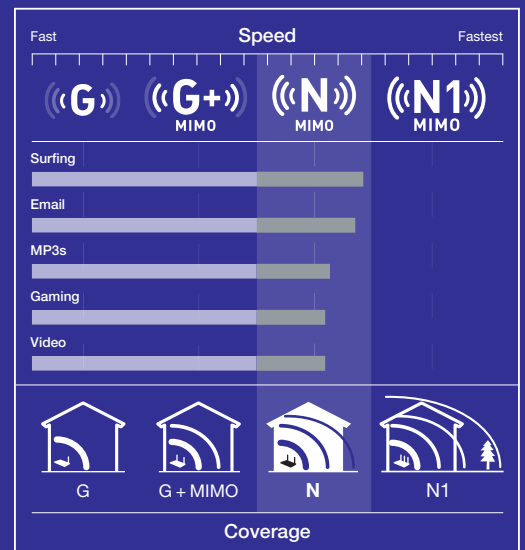

## Share your broadband Internet connection

Connecting the Belkin N Wireless Router to your cable or DSL modem lets you share your broadband Internet account with all your computers. Now you can quickly exchange documents, share resources, and distribute large video and music files throughout your network at a link rate of up to 300Mbps.\* Our advanced security protects both your wireless and wired computers from hackers and intruders. You can add up to 16 computers to your wireless network with additional notebook and desktop adapters. For better wireless performance, use the Belkin N Wireless Router with N Wireless Notebook and Desktop Cards connecting your client computers.

### What is N Wireless\*\*?

Based on the 802.11n draft, N wireless\*\* enables multiple receivers and transmitters to send and receive data through the air, using Intelligent MIMO (Multiple Input Multiple Output) spatial multiplexing techniques. This technology increases speed and provides better coverage and reliability by incorporating the widely deployed 802.11g standard. Providing greater range and faster speeds, N wireless\*\* offers a quick and efficient way for people to distribute music, photos, and files among the networked computers in their homes.

### Network Security

### Network Status Display

The Network Status Display shows the status of your network. The icons represent each component of your network and show you whether or not each device is working properly.

Blue = network devices are working properly

========================================================================

Word for word, repeat the material above and drop the pictures.

## Share your broadband Internet connection

Connecting the Belkin N Wireless Router to your cable or DSL modem lets you share your broadband Internet account with all your computers. Now you can quickly exchange documents, share resources, and distribute large video and music files throughout your network at a link rate of up to 300Mbps.\* Our advanced security protects both your wireless and wired computers from hackers and intruders. You can add up to 16 computers to your wireless network with additional notebook and desktop adapters. For better wireless performance, use the Belkin N Wireless Router with N Wireless Notebook and Desktop Cards connecting your client computers.

### What is N Wireless\*\*?

Based on the 802.11n draft, N wireless\*\* enables multiple receivers and transmitters to send and receive data through the air, using Intelligent MIMO (Multiple Input Multiple Output) spatial multiplexing techniques. This technology increases speed and provides better coverage and reliability by incorporating the widely deployed 802.11g standard. Providing greater range and faster speeds, N wireless\*\* offers a quick and efficient way for people to distribute music, photos, and files among the networked computers in their homes.

### Network Security

### Network Status Display

The Network Status Display shows the status of your network. The icons represent each component of your network and show you whether or not each device is working properly.

Blue = network devices are working properly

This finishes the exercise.